O Doutor Willian Guil fez um barraco em cima de uma situação desnecessária. E aos poucos vai perdendo cada vez mais a sanidade o que acaba levando-o ao desfecho final e irônico da trama. Somos apresentados a Abberline antes sequer do primeiro capitulo começar, lá ele conversa com Sr. Lees, os dois ambos idosos, comentam o desfecho do caso de Jack o Estripador. Abberline foi o detetive que investigou os casos de Jack, e Lees era uma espécie de sensitivo que descobriu quem era o tal (E acertou) mas se acertou porque Jack nunca foi pego? Isso é explicado quase no final da história. Ou seja um mero gostinho de muitos anos após o final vazio de nunca terem o pego. No segundo volume de Do Inferno, Abberline é muito melhor apresentado, agora sabemos que ele foi o detetive levado de volta a Whitechapel A contra-gosto para investigar o primeiro assassinato (Marie). O Padrão de Jack (Dr.Guil) era o mesmo, oferecer carona a elas em sua carruagem, lhe dá uvas obviamente com tranquilizantes, cortar o pescoço delas com navalhas e depois as cortar de maneira horrível.
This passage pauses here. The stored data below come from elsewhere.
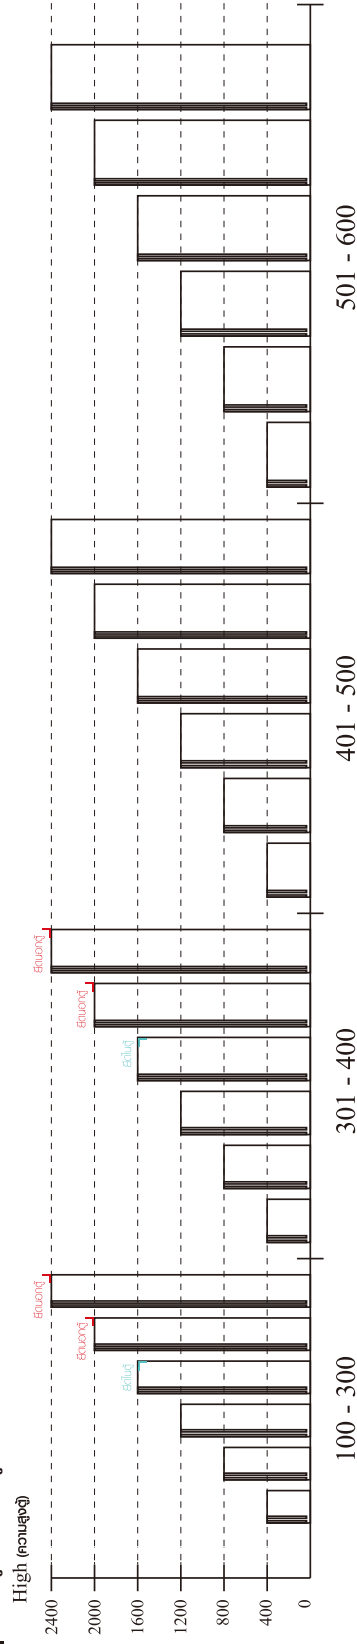

ยึดตายบนผนัง

ยึดตายลอยหลบนิ้ว

■ หมวด ตู้ลิ้นชัก / ตู้ลิ้นชัก + ช่องใส่ / ตู้ลิ้นชัก + บานเปิด / ตู้ลิ้นชัก + บานสไลด์

■ ยึดตายจากกันล้มกับตู้เตี้ย (น้อยกว่า 2 m.)

ยึดตายบนผนัง

ยึดตายลอยหลบนิ้ว

■ หมวด ตู้บานสไลด์ / ตู้ใส่

HARDWARE

-BODY SET

x 11

x 11

#8x35

x 20

x 4

x 1

x 6

x 26

x 6

x 16

Ø 33 mm.

x 4

Ø11mm.

x 35

5x18 mm.

x 2

x 4

x 4

x 1

x 2

x 2

M3.5x13mm.

Abberline logo de cara percebeu que esses assassinatos, eram de autoria de alguém que conhecia muito bem a anatomia humana. Ou seja não era de um idiota qualquer cortando a esmo uma pessoa e sim uma pessoa que sabia muito bem o que estava fazendo. E durante as teorias, o caso de Jack ganhou popularidade, milhares de pessoas escrevendo cartas, dizendo ser de autoria do assassino até então tendo seu nome mais popular como avental de couro. Guil decide mandar uma carta, escrita por seu burro companheiro com erros notáveis de escrita que para ele eram bem-vindos dando um ar de insanidade perfeito nela está assissinada Jack O Estripador, o nome da carta era Do Inferno, titulo que leva essa obra. Quando Guil começa a perder o controle de vez, mas finalmente mata a ultima responsável pela chantagem, em meados do terceiro e quarto volume (Em um ponto especifico ele mata uma mulher errada) não que isso lhe cause remorsos, mas a cada morte horrenda, sentimos a total perda de faculdades mentais do senhor Guil. A rainha acha um bode expiatório para morrer, e levar a culpa pelos assassinatos, mas o que ela não conta é que agora o senhor Willian totalmente instável ameaça até mesmo a coroa. Algo que ela está disposta a resolver por qualquer meio que seja.

Vale a pena cada página lida, cada minuto gasto, a trama vai lhe prender do começo ao fim eu recomendo com certeza absoluta.